Source records:
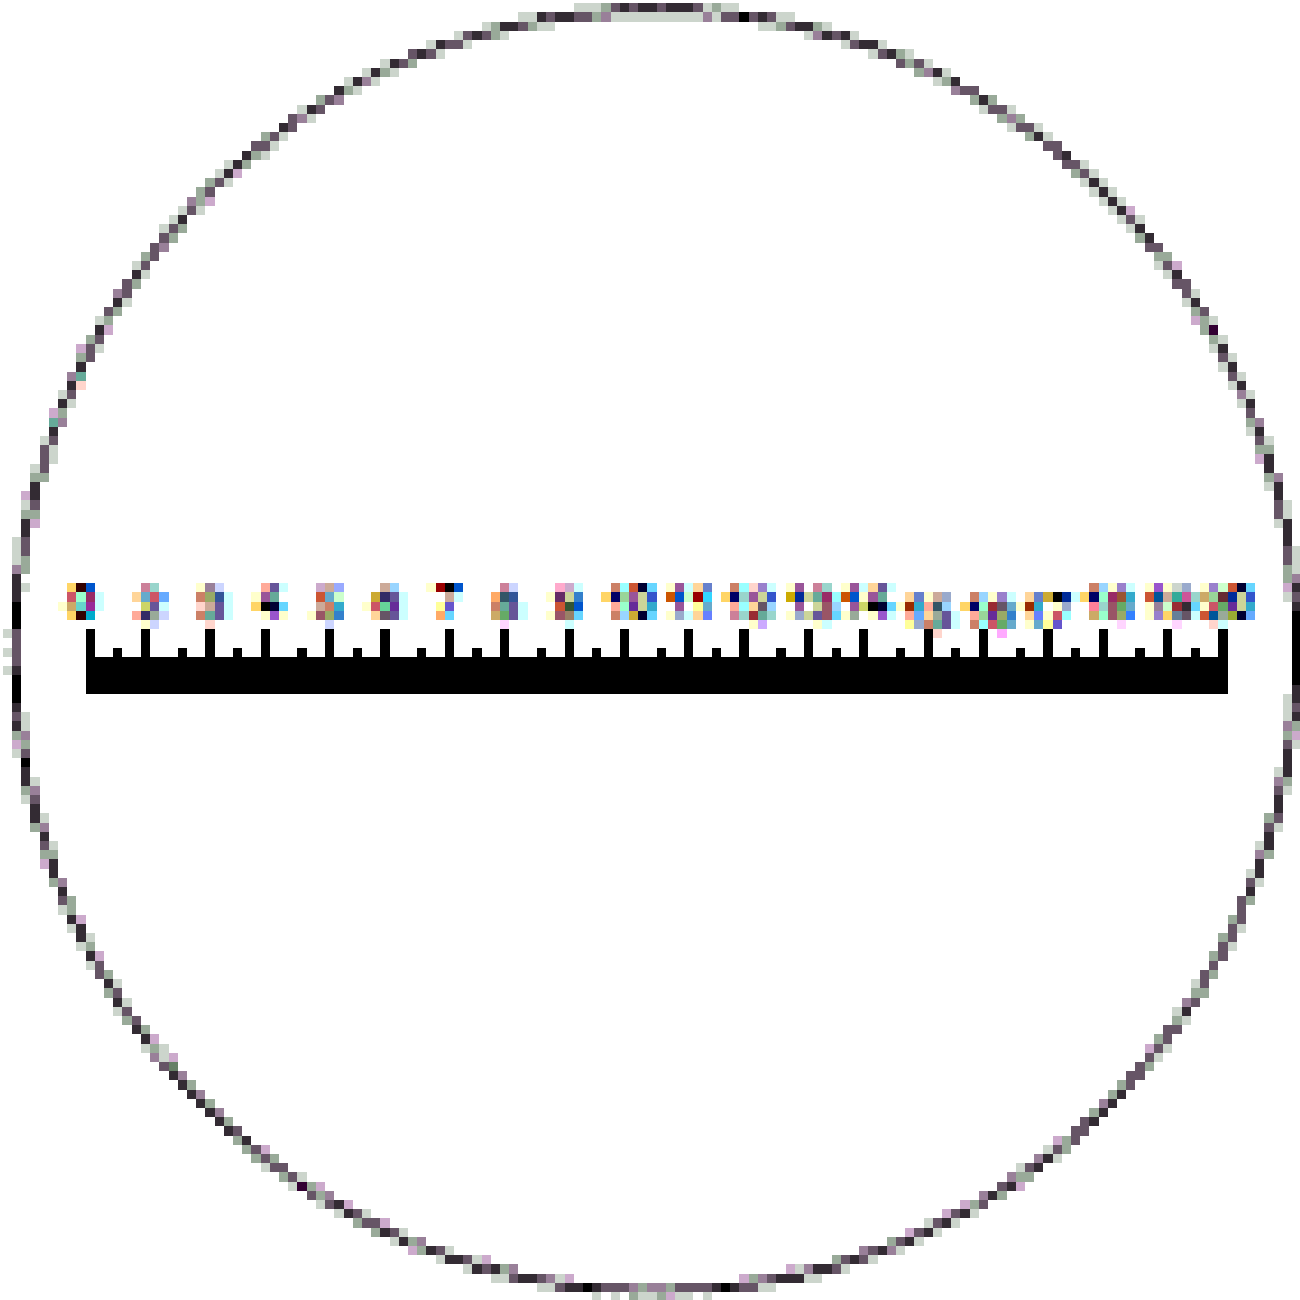

7X Illuminated Loupe w/ Linear Scale

Linear Scale

Stock #37-391 **4 In Stock**

⊖ 1 ⊕ C\$193⁰⁰

ADD TO CART

Volume Pricing

Qty 1-4	C\$193.20 each
Qty 5-9	C\$181.44 each
Qty 10+	C\$152.32 each
Need More?	Request Quote

Product Downloads

Physical & Mechanical Properties

Field of View (inches):
1.2

Diameter of Included Lens (inches):
0.75

Diameter of Compatible Reticle (mm):
26.00

2.25 **Height (inches):**

Optical Properties

7X **Magnification:**

1.0 **Working Distance (inches):**

Regulatory Compliance

[View](#) **Certificate of Conformance:**

Product Details

Illuminated Loupe with Scale

This magnifier is built into a fully removable flashlight-type assembly for illumination. Includes a hard-shell vinyl case. Requires two "C" batteries, not included. Unit measures 1-3/8" Dia x 7"L, weighs 3.5 oz 7X includes a 26mm diameter reticle with a scale of 0 - 20mm in 0.1mm increments. 10X includes a 35mm diameter reticle with a scale of 15 - 0 - 15mm in 0.1mm increments.

- 7X and 10X Magnifications Available
- Choose from Loupe, Illuminated Loupe and Loupe Sets
- Reticle Included with Each Option

Peak 7X or 10X Measuring Loupes come with a removable glass reticle scale placed in direct contact with the work to be measured for precise comparison. Additional [reticles](#) are also available. All models feature smooth-helicoid twist focus and fully coated achromatic lens systems for color correct flat field viewing. Peak 7X or 10X Measuring Loupes are offered in with a singular loupe, an illuminated loupe, and loupe sets. The included lens features a 0.75" diameter.
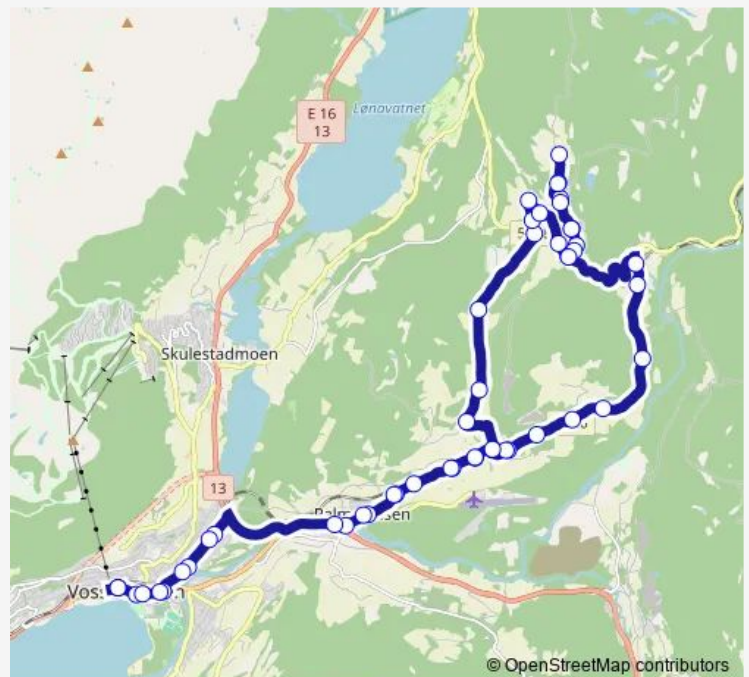

Local Bus Service 954 Voss - Lemme

[Go to website](#)

Direction

Repålshøgdi — Voss stasjon

23 stops

[Open route schedule](#)

Repålshøgdi

Grønningsvingen

Kyte

Nordheim

Almeland kryss

Kyte nedre

Gulleikstreet

Lunden Tjukkebygdi

Fjose kryss

Ygre

Ygresgjelet

Hydle

Bø fv. 5386

Endeve

Rykkje

Bømovegen

Palmafossen skule

Palmafossen vest

Vetleflaten

Fredheim

Langebrua

Route schedule

Repålshøgdi — Voss stasjon

Monday —

Tuesday —

Wednesday —

Thursday —

Friday 07:58

Saturday —

Sunday —

Route info

Direction: Repålshøgdi

Stops: 23

Trip Duration: 0 hour 27 min

■ 954 — Voss - Lemme

BusMaps
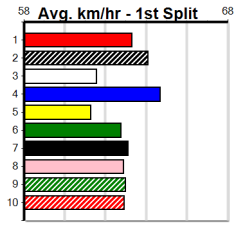

12 6:32PM (VIC time)

Distance: 390m, Race Type: Grade 5 T3, Total Prizemoney: $1,530 1st: $1,000, 2nd: $320, 3rd: $160, 4th: $50

Watchdog Tips: 0 0 0 0 Bet:

Main table containing race details for 10 horses, including names, trainers, owners, and performance statistics.
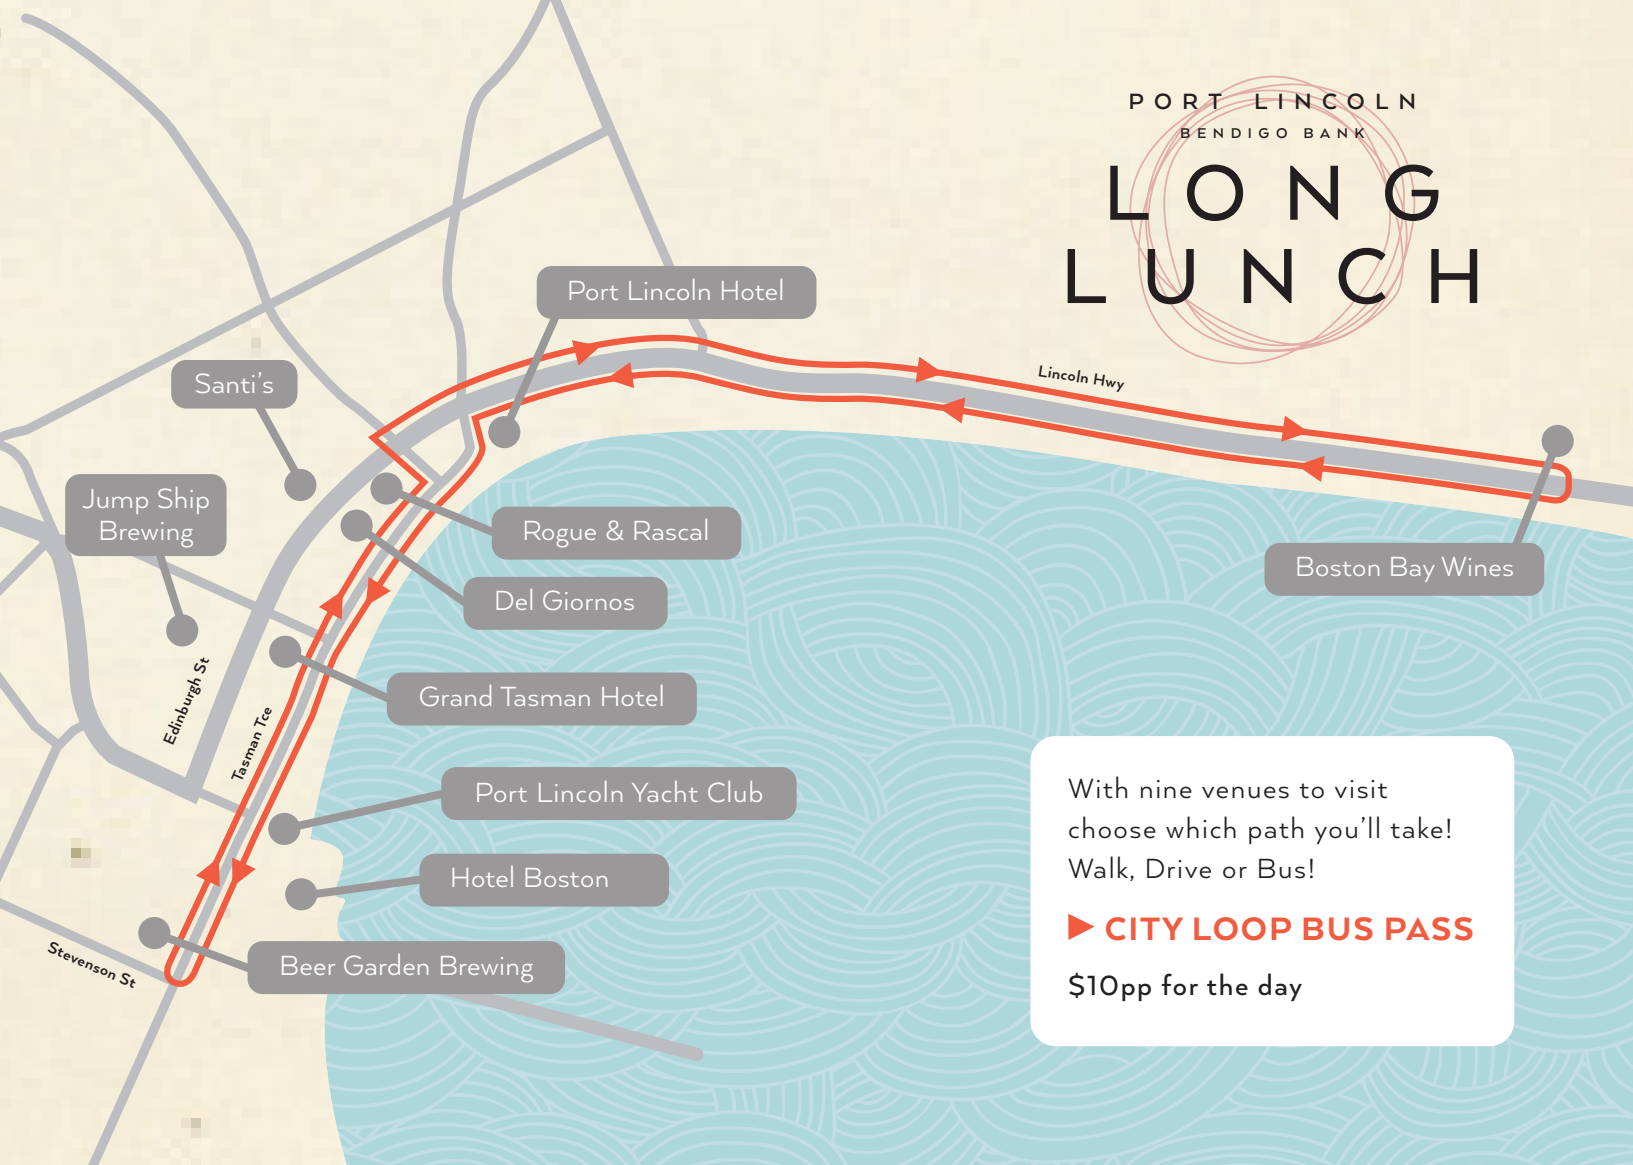

PORT LINCOLN
BENDIGO BANK

LONG LUNCH

Port Lincoln Hotel

Santi's

Jump Ship
Brewing

Rogue & Rascal

Del Giornos

Grand Tasman Hotel

Port Lincoln Yacht Club

Hotel Boston

Beer Garden Brewing

Boston Bay Wines

Lincoln Hwy

Edinburgh St

Tasman Tce

Stevenson St

With nine venues to visit
choose which path you'll take!
Walk, Drive or Bus!

► **CITY LOOP BUS PASS**

\$10opp for the day

EXERCISE AIM>
All that is wanted is an exact copy of the lines above from the one with "Volume Pricing" through the one with "Illuminated Loupe with Scale", with both ends included.

ANSWER TO THE PROBLEM>
Volume Pricing

Qty 1-4	C\$193.20 each
Qty 5-9	C\$181.44 each
Qty 10+	C\$152.32 each
Need More?	Request Quote

Product Downloads

Physical & Mechanical Properties

Field of View (inches):
1.2

Diameter of Included Lens (inches):
0.75

Diameter of Compatible Reticle (mm):
26.00

2.25 **Height (inches):**

Optical Properties

7X **Magnification:**

1.0 **Working Distance (inches):**

Regulatory Compliance

[View](#) **Certificate of Conformance:**

Product Details

Illuminated Loupe with Scale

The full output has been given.